Tuesday, December 25, 2007

Poem or Merry South Park Christmas to All

Brothers Playing Catch on Christmas Day
by Gary Short

Only a little light remains.
The new football feels heavy
and our throws are awkward
like the conversation of brothers
who see each other occasionally.
After a few exchanges,
confidence grows,
the passing and catching
feels natural and good.
Gradually, we move farther apart,
out in the field,
the space between us
filling with darkness.

He leads me,
lofting perfect spirals
into the night. My eyes
find the clean white laces of the ball.
I let fly a deep pass
to his silhouette.
The return throw
cannot be seen,
yet the ball
falls into my hands, as if
we have established a code
that only brothers know.

From The Writer's Almanac

Or . . .

This clip, in which Mr. Garrison gives the kids a Christmas lesson, was amongst even more irreverent holiday videos at Woodies Guthrie's Guitar. Reminds me a bit of W.The original disappeared. This is a replacement. Sorry you don't get to see Mr. Garrison.

Maybe you gotta be a South Park fan. I dunno, cuz I am.

Merry Christmas

Sunday, December 23, 2007

Christmas Eve on Mars

Take a look at the Red Planet tonight.
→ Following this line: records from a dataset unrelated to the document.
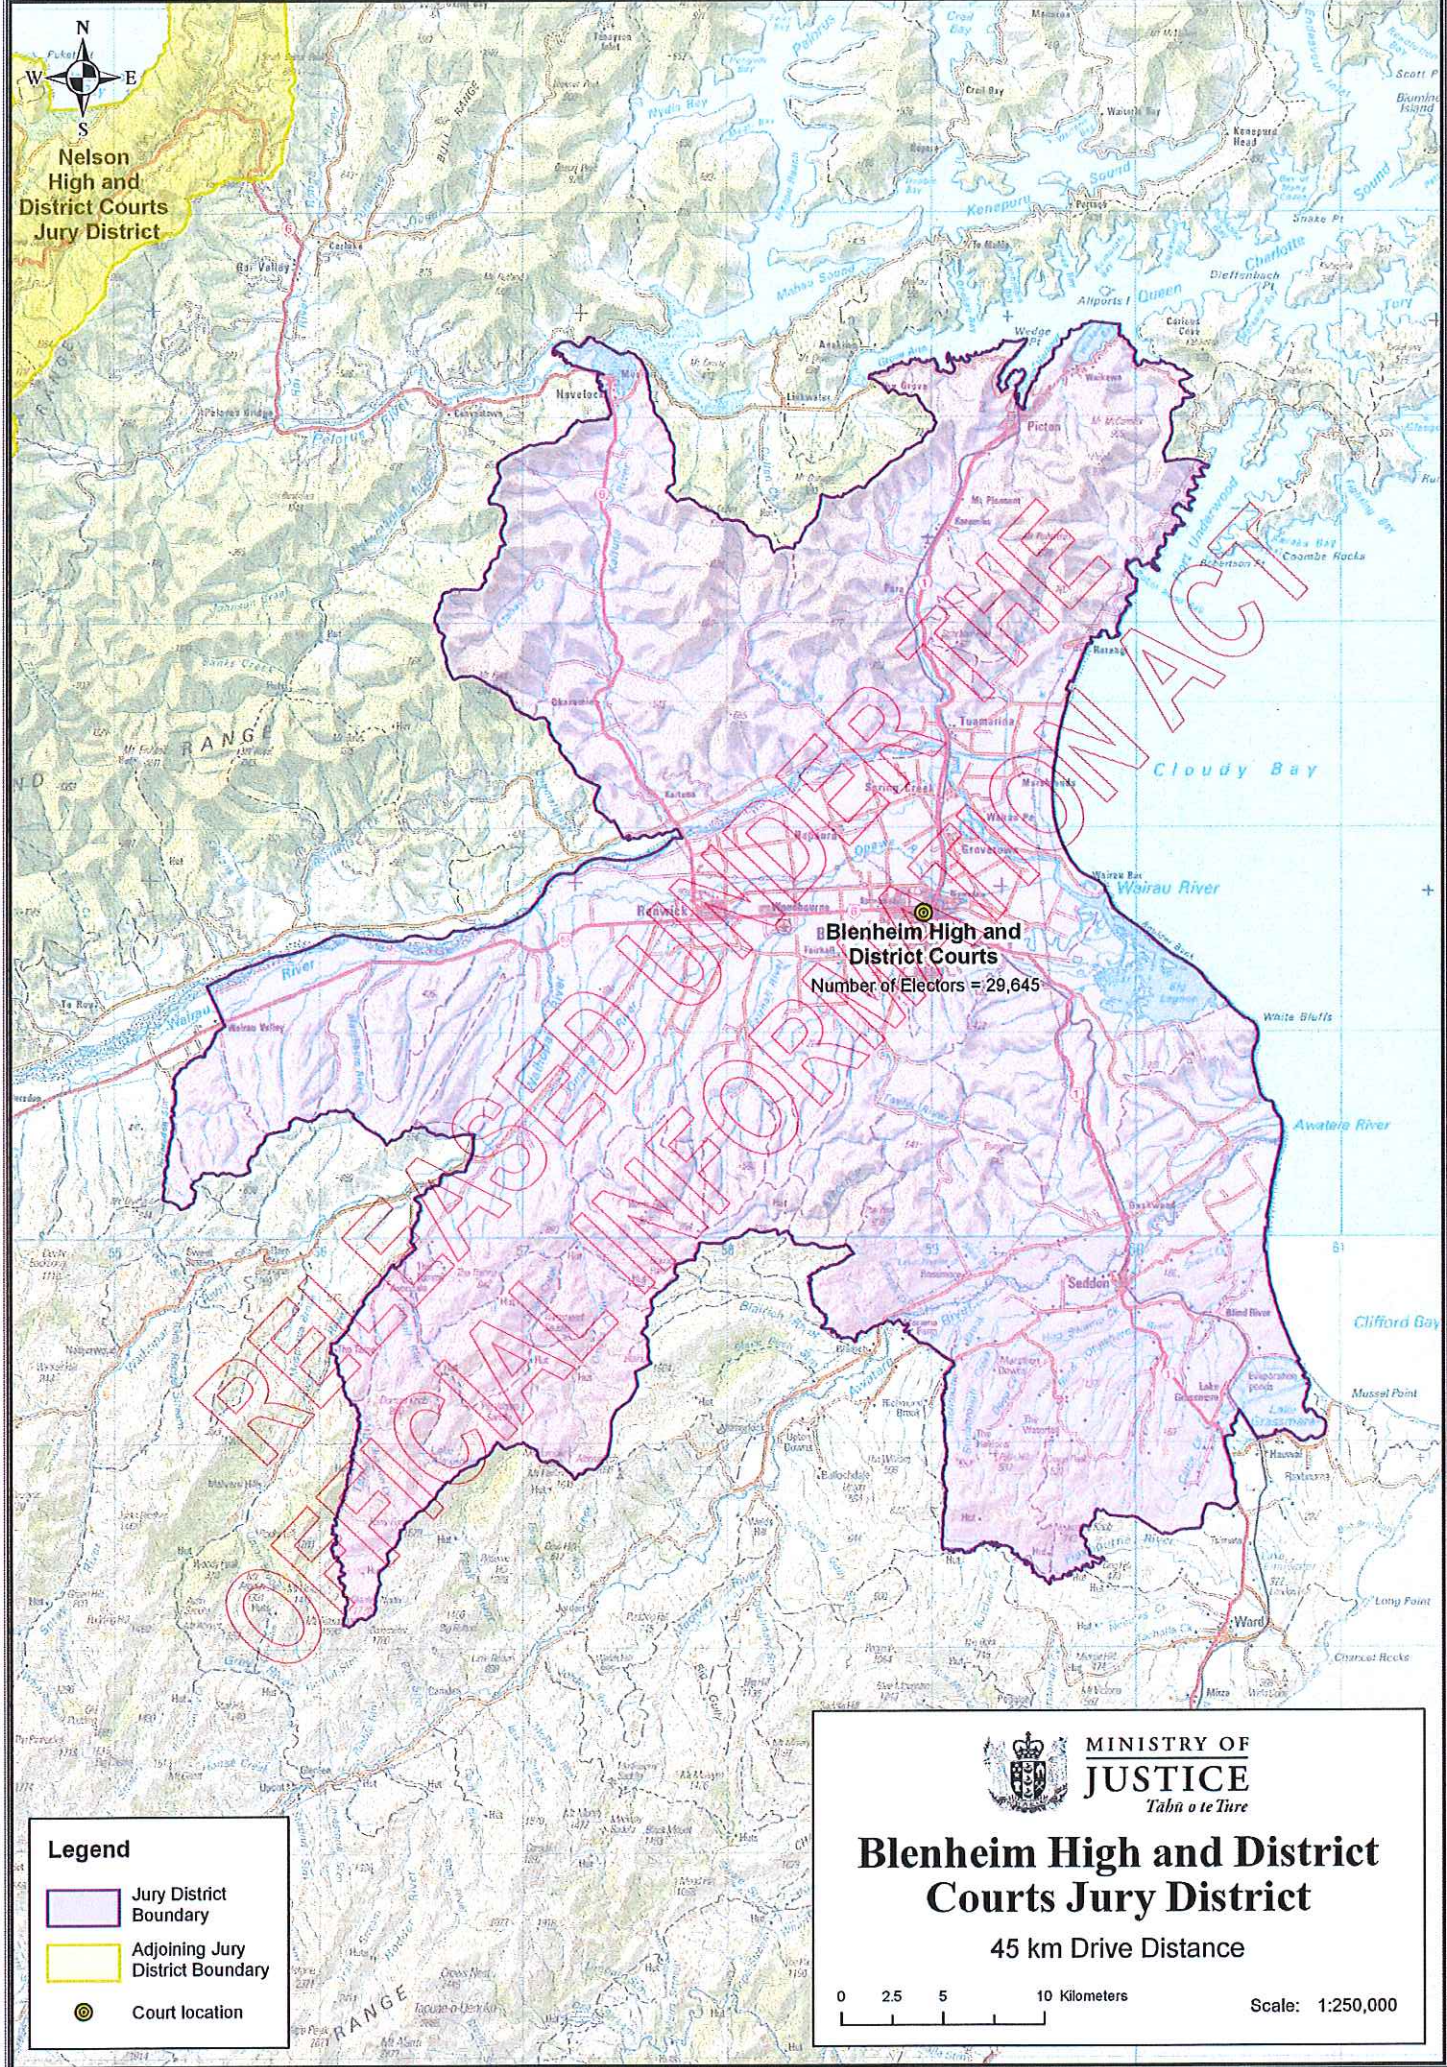

Legend

- Jury District Boundary
- Adjoining Jury District Boundary
- Court location

MINISTRY OF JUSTICE
Tabu o te Ture

Auckland District Court
Jury District
45 km Drive Distance

0 2.5 5 10 Kilometers Scale: 1:250,000

Legend

- Jury District Boundary
- Court location

MINISTRY OF JUSTICE
Tāhū o te Ture

Auckland High Court Jury District

45 km Drive Distance

0 2.5 5 10 Kilometers

Scale: 1:250,000

N
W E
S
Nelson
High and
District Courts
Jury District

- Jury District Boundary
- Adjoining Jury District Boundary
- Court location

MINISTRY OF JUSTICE
Tāhiri o te Tūru

**Manukau District Court
Jury District**

45 km Drive Distance

0 1.5 3 6 Kilometers Scale: 1:150,000

Scale: 1:275,000

Legend

-  Jury District Boundary
-  Court location

 **MINISTRY OF JUSTICE**
Tabu o te Ture

Wellington District Court
Jury District
45 km Drive Distance

0 2 4 8 Kilometers
Scale: 1:200,000

Legend

According to Astronomy, Mars won't be this big and bright again until 2016.

I hope I get this for Christmas too

This is what I want for Christmas

Blogosphere-romping or No, there's nothing more important I should be doing with my time

Bill Thomas at Changing Aging recently mentioned Cab Drollery, a site that I love to visit - Blogging Eloquence.

From there I happened upon the blogs of one Woody (Tokin' Lib'rul/Rogue Scholar & O'erall Helluvafella!) and his blog Woodie Guthrie's Guitar - My kids are always showing me amusing clips from youtube and once in a while I happen upon one myself, but in Woodie, I feel like I've found my own personal youtube shopper. Check it out.

Among other things Woodie says,"While it is useful and good to imagine Utopias, it is VITAL to recognize Dystopias, that we might resist them should they threaten us."

He has two other blogs - Walled-in Pond and the well-armed lamb which begins with the following quote, for me, worth the price of admission - "Democracy is two wolves and a lamb voting on what to have for dinner. Liberty is a well-armed lamb contesting the vote." --Benjamin Franklin

Sixties Irreverent Eloquence. Romp if you like.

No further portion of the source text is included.